# SpaceX Starlink Satellites



## SilverBulletSlayer (Feb 4, 2020)

Did anyone else happen to catch a glimpse of the string of lights across the night sky this past Saturday evening around 6:30 to 7:00 PM ? I was out walking the dog around the yard when I seen probably 50 or more of these things all in a straight line, going the same speed, and spaced equally. This is the first time I've heard of them after looking it up online afterwards. It was definitely a cool sight, although a pretty controversial concept.


----------



## twohats (Oct 1, 2004)

SilverBulletSlayer said:


> Did anyone else happen to catch a glimpse of the string of lights across the night sky this past Saturday evening around 6:30 to 7:00 PM ? I was out walking the dog around the yard when I seen probably 50 or more of these things all in a straight line, going the same speed, and spaced equally. This is the first time I've heard of them after looking it up online afterwards. It was definitely a cool sight, although a pretty controversial concept.


No, but I watch for the ISS pretty often. I get email alerts for when its going to be overhead, very accurate gives time, direction coming from and exiting with deg. of height. I saw that there is now one up for the starlink satellites. https://findstarlink.com/ So I will be watching for them as well. There are a number of the linked starlink satellites up there now. Hoping to catch the test flight of the SpaceX Starship tomorrow, launch was aborted in the last second or two before launch today.


----------



## SilverBulletSlayer (Feb 4, 2020)

Yeah I always like to see the ISS as well! Thanks for the link to the starlink, I'll have to check it out and see when the next time is that they'll be visible.


----------



## Botiz (Oct 21, 2010)

I saw starlink this past October in the UP, I’m gonna guess it was more then 50, the string kept going until I was tired of looking at it. 
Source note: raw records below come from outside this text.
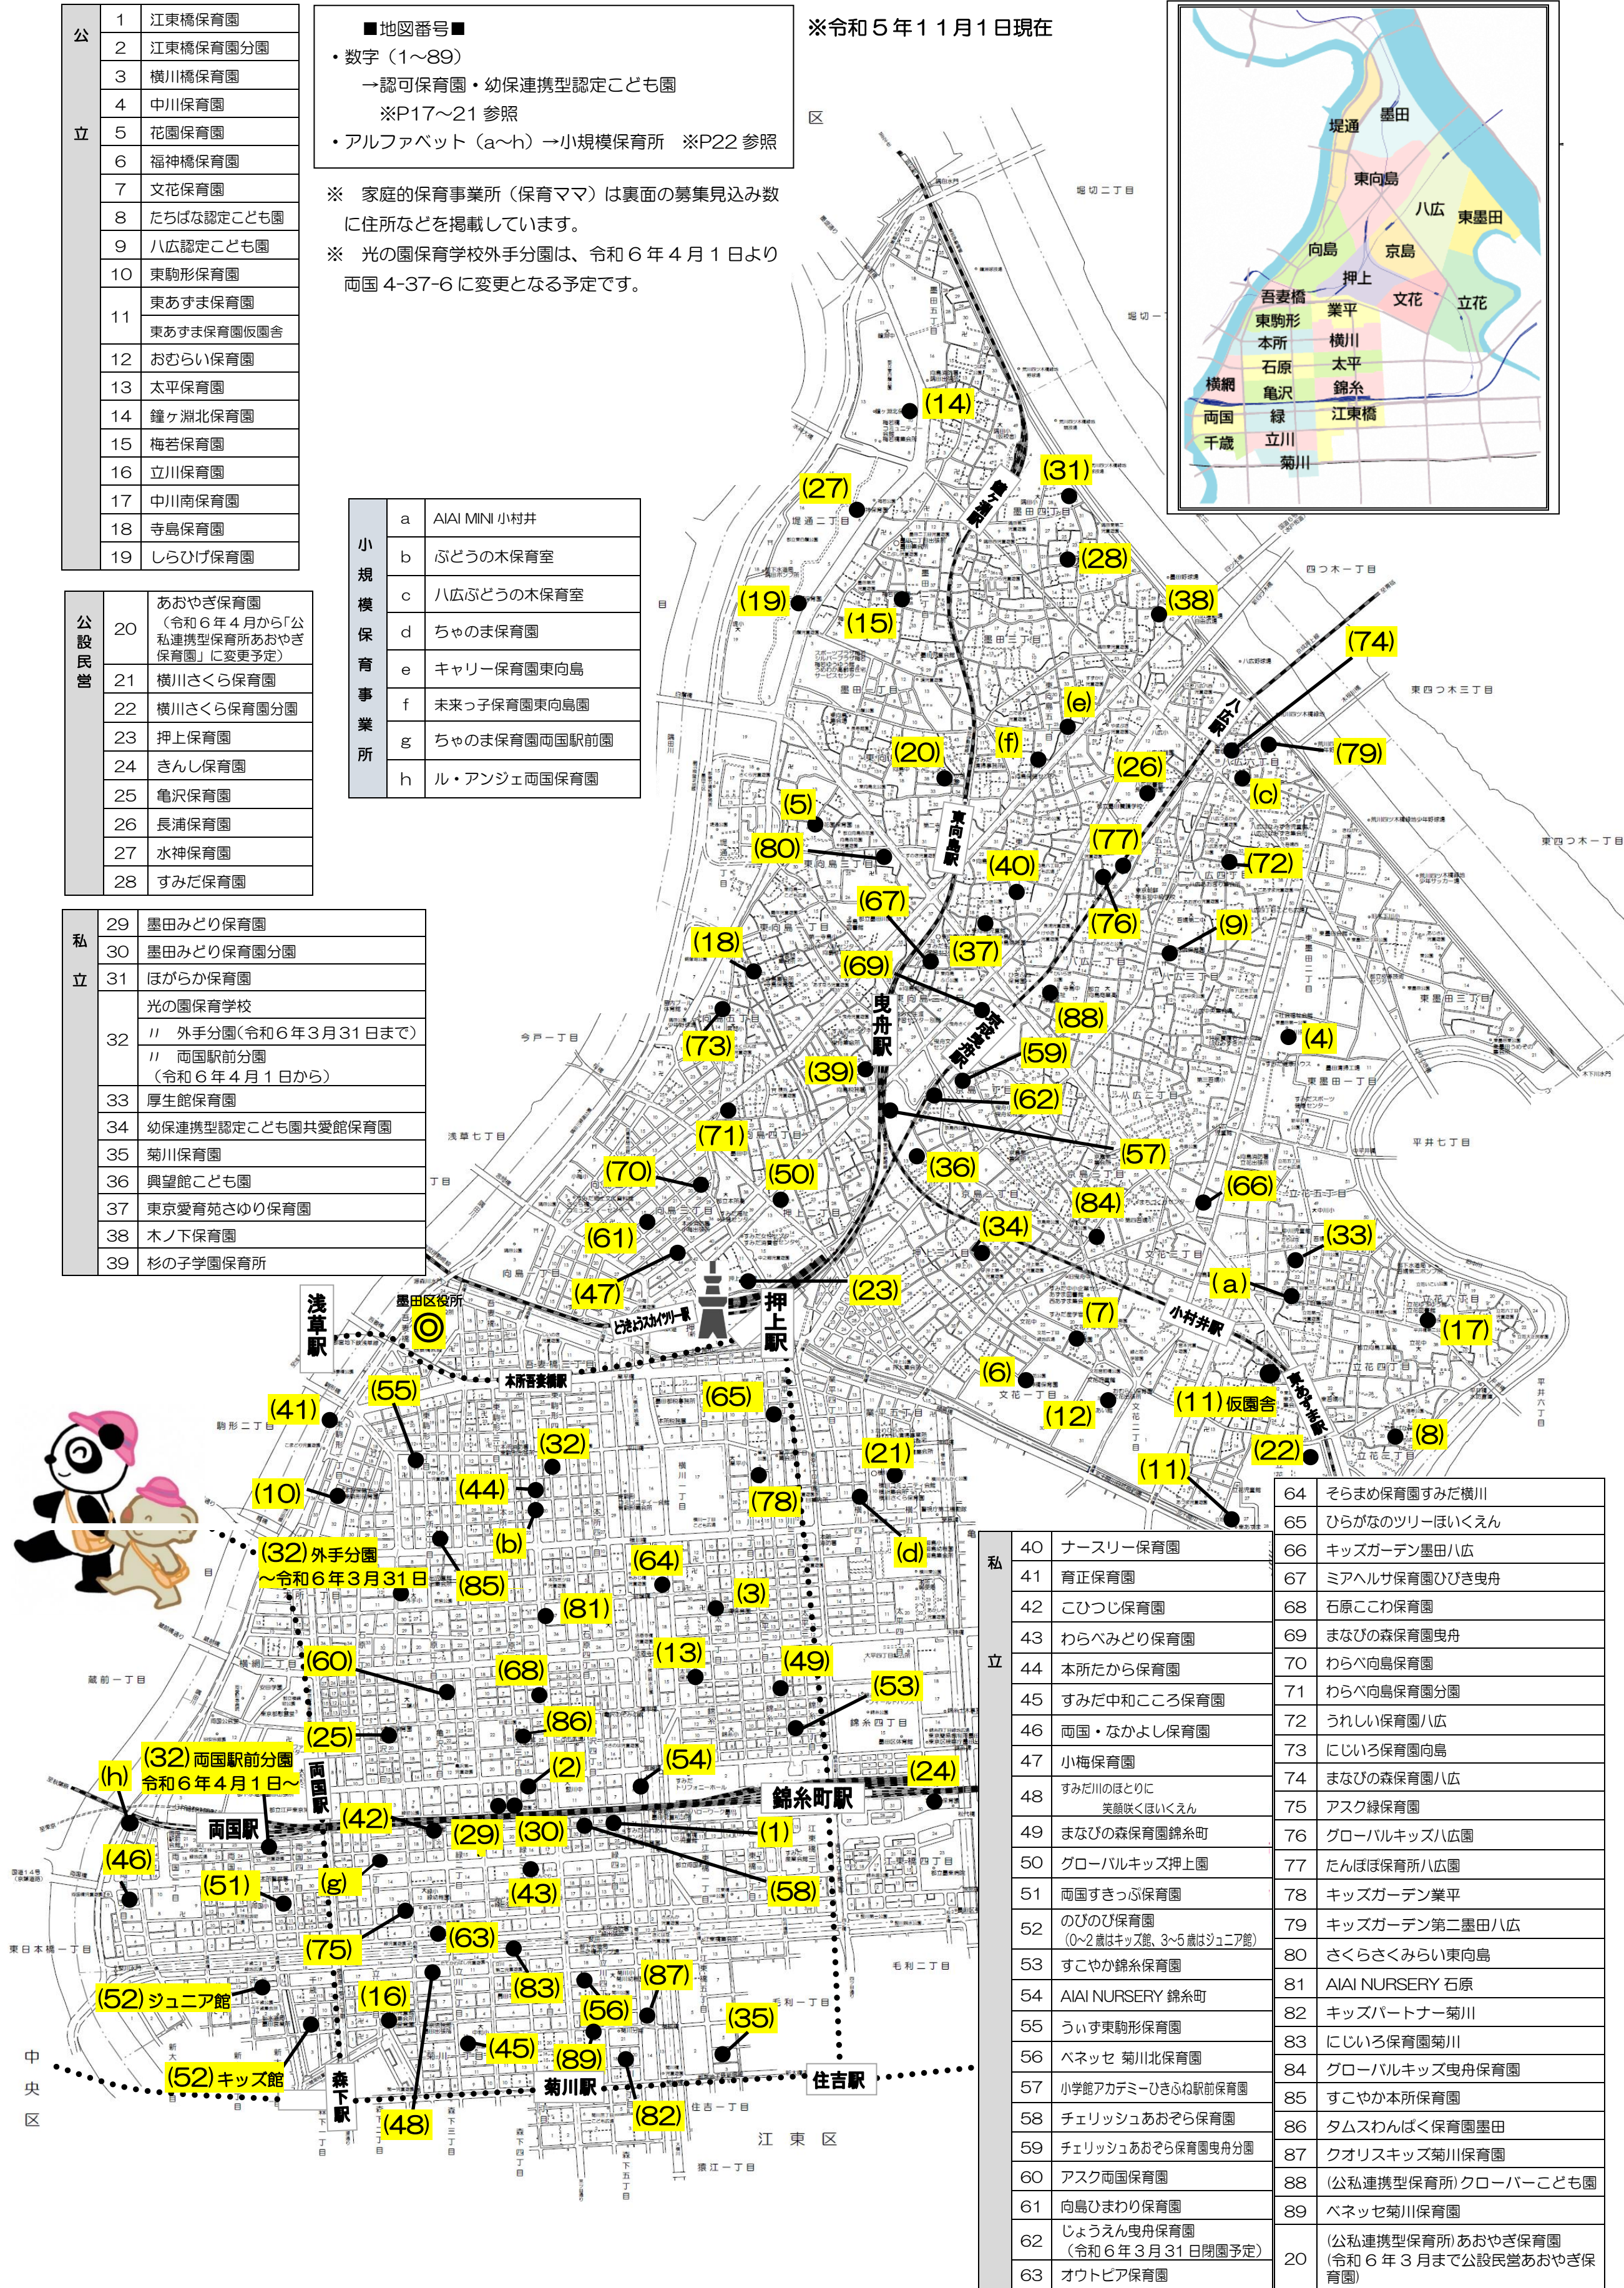

★認可保育園・幼保連携型認定こども園・小規模保育事業所配置図★

QRコードを読み込むと、墨田区認可保育施設の園マップ・園ガイドをご覧いただけます。

公立	1	江東橋保育園
	2	江東橋保育園分園
	3	横川橋保育園
	4	中川保育園
	5	花園保育園
	6	福神橋保育園
	7	文花保育園
	8	たちばな認定こども園
	9	八広認定こども園
	10	東駒形保育園
	11	東あずま保育園
		東あずま保育園仮園舎
	12	おむらい保育園
	13	太平保育園
	14	鐘ヶ淵北保育園
	15	梅若保育園
	16	立川保育園
	17	中川南保育園
	18	寺島保育園
19	しらひげ保育園	

■地図番号■
 ・数字(1~89)
 →認可保育園・幼保連携型認定こども園
 ※P17~21 参照
 ・アルファベット(a~h) →小規模保育所 ※P22 参照

※令和5年11月1日現在

※ 家庭的保育事業所(保育ママ)は裏面の募集見込み数に住所などを掲載しています。
 ※ 光の園保育学校外手分園は、令和6年4月1日より両国4-37-6に変更となる予定です。

小規模保育事業所	a	AIAI MINI 小村井
	b	ぶどうの木保育室
	c	八広ぶどうの木保育室
	d	ちゃのま保育園
	e	キャリアー保育園東向島
	f	未来っ子保育園東向島園
	g	ちゃのま保育園両国駅前園
	h	ル・アンジェ両国保育園

公設民営	20	あおやぎ保育園 (令和6年4月から「公私連携型保育所あおやぎ保育園」に変更予定)
	21	横川さくら保育園
	22	横川さくら保育園分園
	23	押上保育園
	24	さんし保育園
	25	亀沢保育園
	26	長浦保育園
	27	水神保育園
	28	すみだ保育園

私立	29	墨田みどり保育園
	30	墨田みどり保育園分園
	31	ほがらか保育園
	32	光の園保育学校 // 外手分園(令和6年3月31日まで) // 両国駅前分園(令和6年4月1日から)
	33	厚生館保育園
	34	幼保連携型認定こども園共愛館保育園
	35	菊川保育園
	36	興望館こども園
	37	東京愛育苑さゆり保育園
	38	木ノ下保育園
	39	杉の子学園保育所
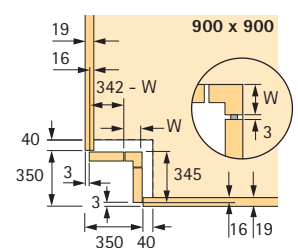

Montage

Kastmaat 800 x 800

X mm	Y mm
19	371,5
18	372,5
16	374,5

Kastmaat 900 x 900

X mm	Y mm
19	421,5
18	422,5
16	424,5

W = Hoek

Hett
CAD

Uitrusting voor onderkasten Hoekkast-draaibeslag Revo 45°
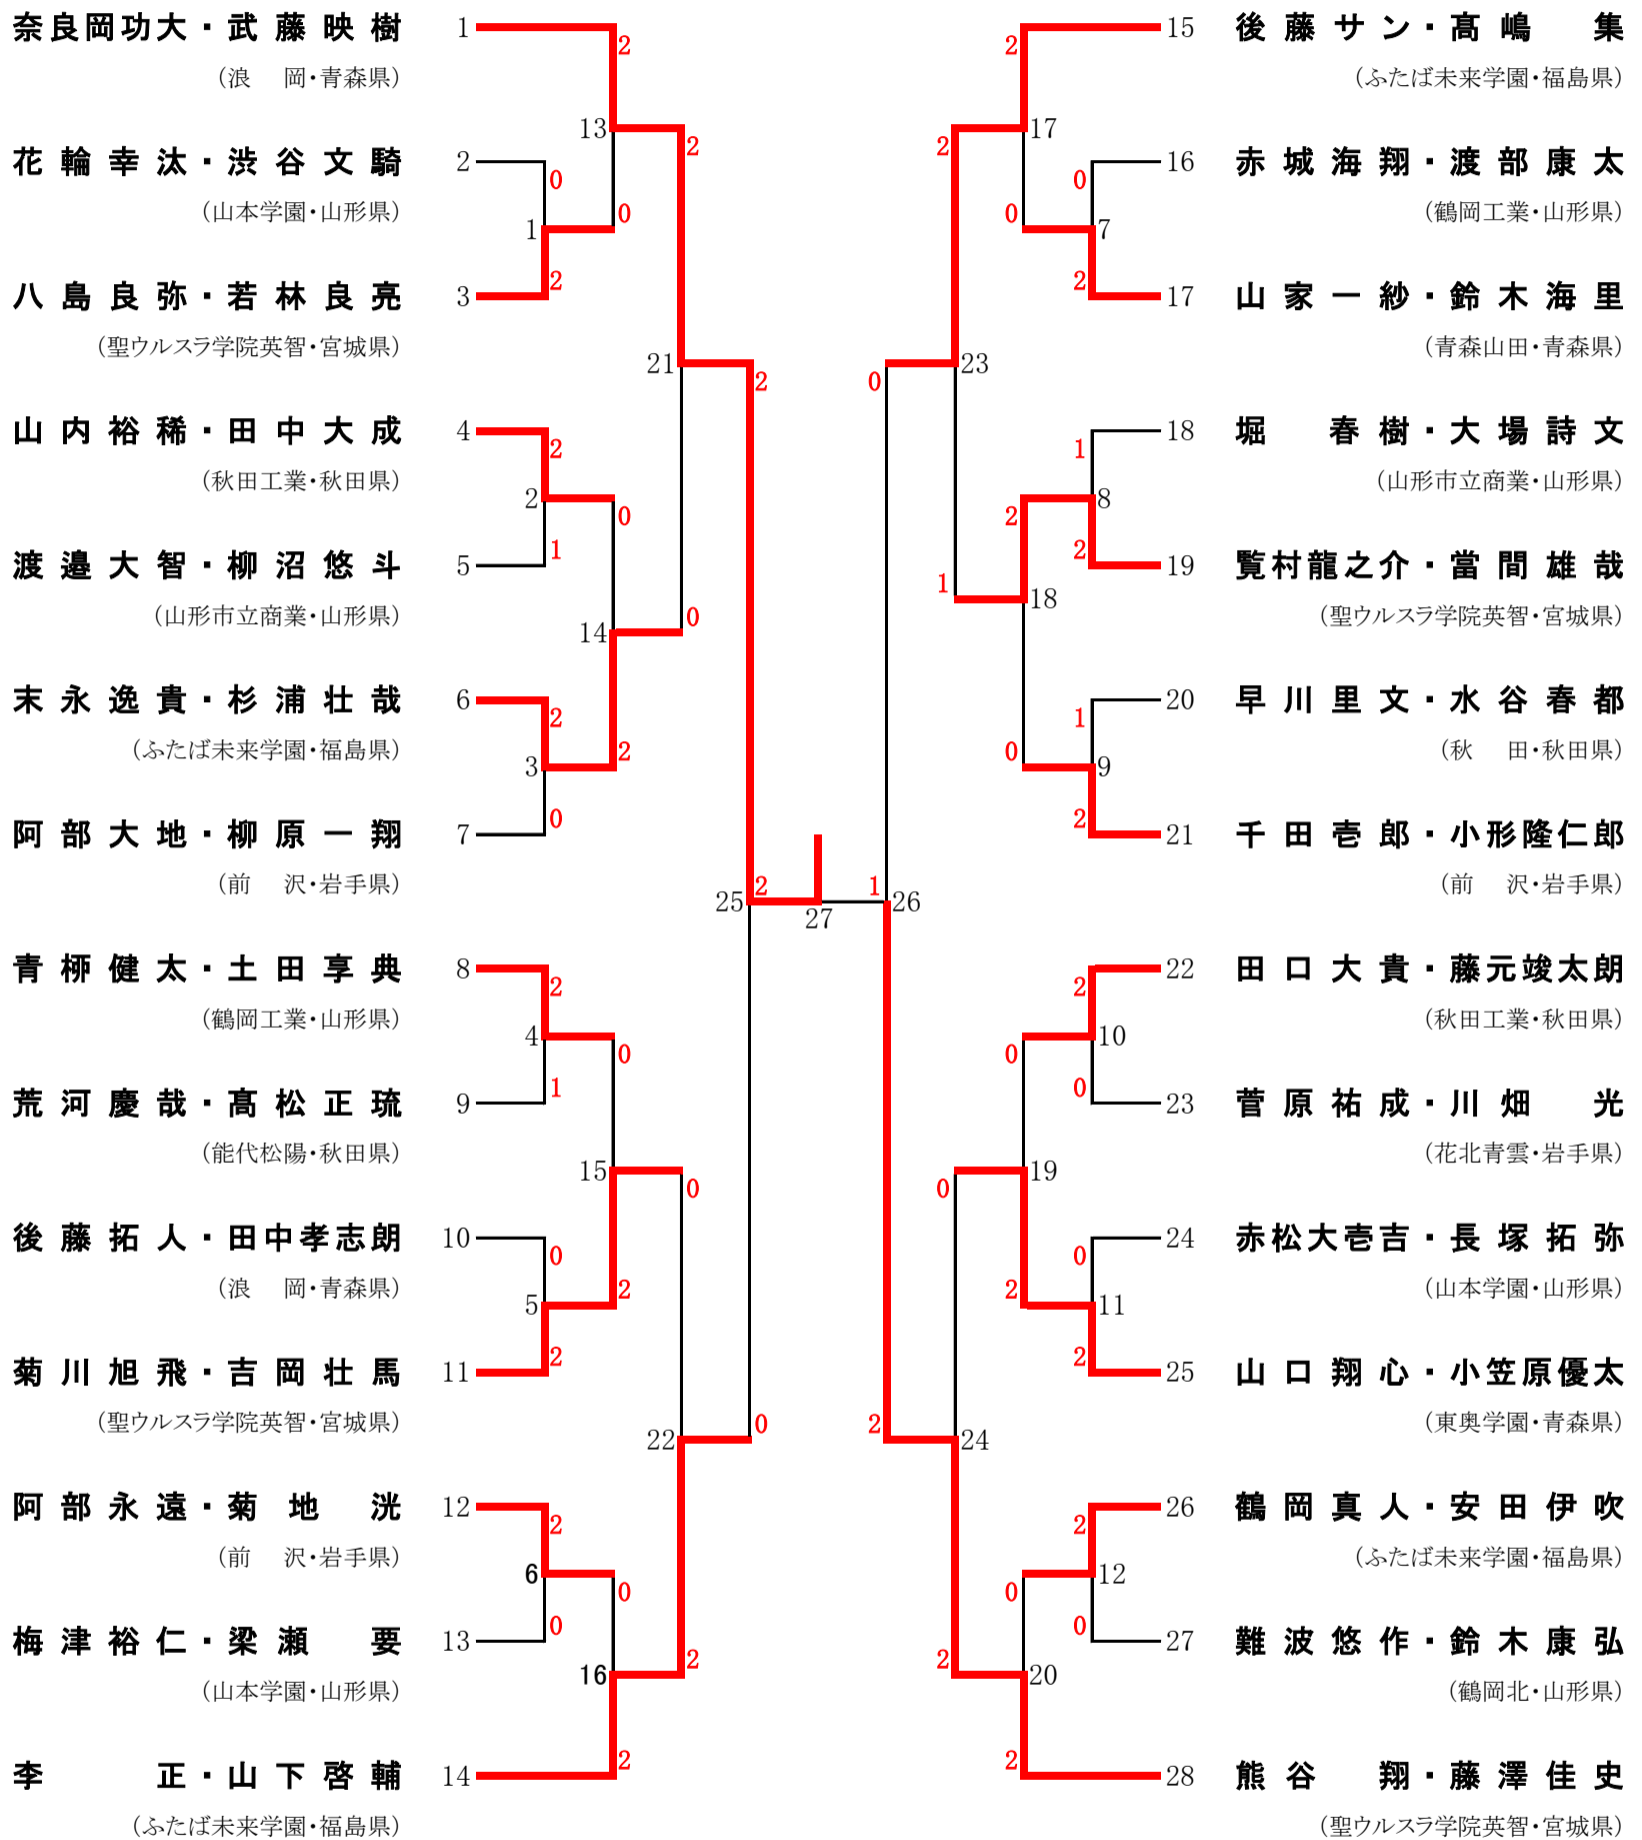

男子学校対抗 (BT)

女子学校対抗 (GT)

男子ダブルス (BD)

女子ダブルス (GD)

男子シングルス (BS)

女子シングルス (GS)

It was cool to see, but also sort of a somber warning of what’s to come, a night sky full of artificial lights.


----------



## Big Frank 25 (Feb 21, 2002)

Botiz said:


> I saw starlink this past October in the UP, I’m gonna guess it was more then 50, the string kept going until I was tired of looking at it.
> 
> It was cool to see, but also sort of a somber warning of what’s to come, a night sky full of artificial lights.


I understand the new ones have syn shades.


----------



## miruss (Apr 18, 2003)

Seen them once last yr fishing the Manistee River at dark someone had to tell me what they were.


----------